---- Records for this task
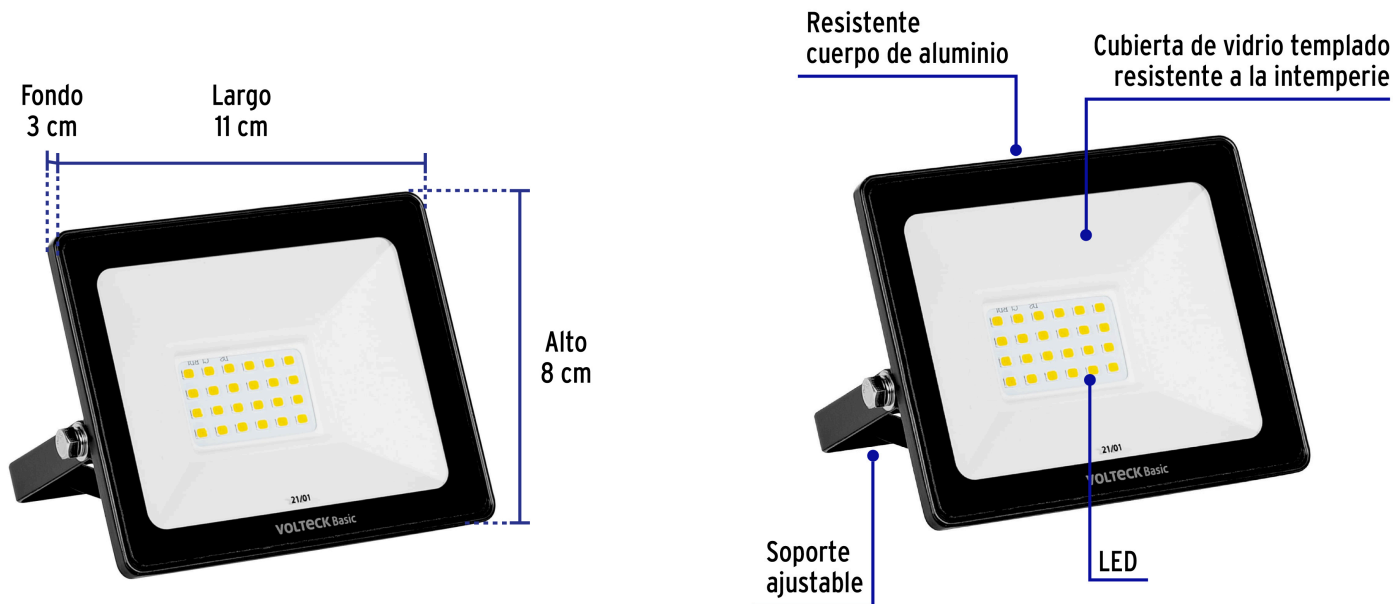

VOLTECK Basic

CÓDIGO: 28090 CLAVE: REF-401LC

Reflector LED para exteriores 20W 3000K, VOLTECK BASIC

- Ahorra hasta 85% en el consumo de energía
- Cuerpo de aluminio y pantalla de vidrio templado resistente a la intemperie
- Soporte ajustable
- LED integrado
- Encendido instantáneo (proporciona el 100% de brillo al encender)
- Ideal para jardines, terrazas, patios, corredores, áreas públicas y de construcción

Certificaciones y garantías

- Cumple la norma: NOM-003-SCFI

Especificaciones

Potencia	20 W
Flujo luminoso	1 500 lm
Tensión Frecuencia	120 - 220 V 60 Hz
Corriente	175 mA - 92 mA
Tiempo de vida	10 000 h
Temperatura de color	3 000 K / Luz cálida
Fuente de luz	LED integrado
Grado IP	65
Dimensiones (alto x largo x fondo)	9 cm x 11 cm x 3 cm
Empaque individual	Caja
Inner	2
Máster	40
Pallet	1440

País de origen

Fabricado en China bajo las estrictas especificaciones de GRUPO TRUPER

Incluye

Driver

Imágenes complementarias

Grado de protección (IP)

1ER. DÍGITO: PROTECCIÓN CONTRA SÓLIDOS	2DO. DÍGITO: PROTECCIÓN CONTRA LÍQUIDOS
0 Sin protección	0 Sin protección
1 Protección contra objetos de diámetro superior a 50 mm	1 Protección contra goteo vertical o condensación
2 Protección contra objetos de diámetro superior a 12 mm	2 Protección contra goteo con una inclinación de 15 grados
3 Protección contra objetos con diámetro superior a 2.5 mm	3 Protección contra goteo con una inclinación de 60 grados
4 Protección contra objetos con diámetro superior a 1 mm	4 Protección contra salpicaduras de gotas en todas direcciones
5 Protegido contra ingreso limitado de polvo	5 Protección contra chorros de agua a baja presión
6 Totalmente protegido contra el polvo	6 Protección contra potentes y continuos chorros de agua
	7 Protección contra inmersiones temporales
	8 Protección contra inmersiones prolongadas o permanentes

Imágenes complementarias

EMPAQUE INDIVIDUAL

EMPAQUE INNER

EMPAQUE MASTER
--------
All of the records must come back exactly as they stand, minus every picture.

VOLTECK Basic

CÓDIGO: 28090 CLAVE: REF-401LC

Reflector LED para exteriores 20W 3000K, VOLTECK BASIC

- Ahorra hasta 85% en el consumo de energía
- Cuerpo de aluminio y pantalla de vidrio templado resistente a la intemperie
- Soporte ajustable
- LED integrado
- Encendido instantáneo (proporciona el 100% de brillo al encender)
- Ideal para jardines, terrazas, patios, corredores, áreas públicas y de construcción

Certificaciones y garantías

- Cumple la norma: NOM-003-SCFI

Especificaciones

Potencia	20 W
Flujo luminoso	1 500 lm
Tensión Frecuencia	120 - 220 V 60 Hz
Corriente	175 mA - 92 mA
Tiempo de vida	10 000 h
Temperatura de color	3 000 K / Luz cálida
Fuente de luz	LED integrado
Grado IP	65
Dimensiones (alto x largo x fondo)	9 cm x 11 cm x 3 cm
Empaque individual	Caja
Inner	2
Máster	40
Pallet	1440

País de origen

Fabricado en China bajo las estrictas especificaciones de GRUPO TRUPER

Incluye

Driver

Imágenes complementarias

Grado de protección (IP)

1ER. DÍGITO: PROTECCIÓN CONTRA SÓLIDOS	2DO. DÍGITO: PROTECCIÓN CONTRA LÍQUIDOS
0 Sin protección	0 Sin protección
1 Protección contra objetos de diámetro superior a 50 mm	1 Protección contra goteo vertical o condensación
2 Protección contra objetos de diámetro superior a 12 mm	2 Protección contra goteo con una inclinación de 15 grados
3 Protección contra objetos con diámetro superior a 2.5 mm	3 Protección contra goteo con una inclinación de 60 grados
4 Protección contra objetos con diámetro superior a 1 mm	4 Protección contra salpicaduras de gotas en todas direcciones
5 Protegido contra ingreso limitado de polvo	5 Protección contra chorros de agua a baja presión
6 Totalmente protegido contra el polvo	6 Protección contra potentes y continuos chorros de agua
	7 Protección contra inmersiones temporales
	8 Protección contra inmersiones prolongadas o permanentes

Imágenes complementarias

EMPAQUE INDIVIDUAL

EMPAQUE INNER

EMPAQUE MASTER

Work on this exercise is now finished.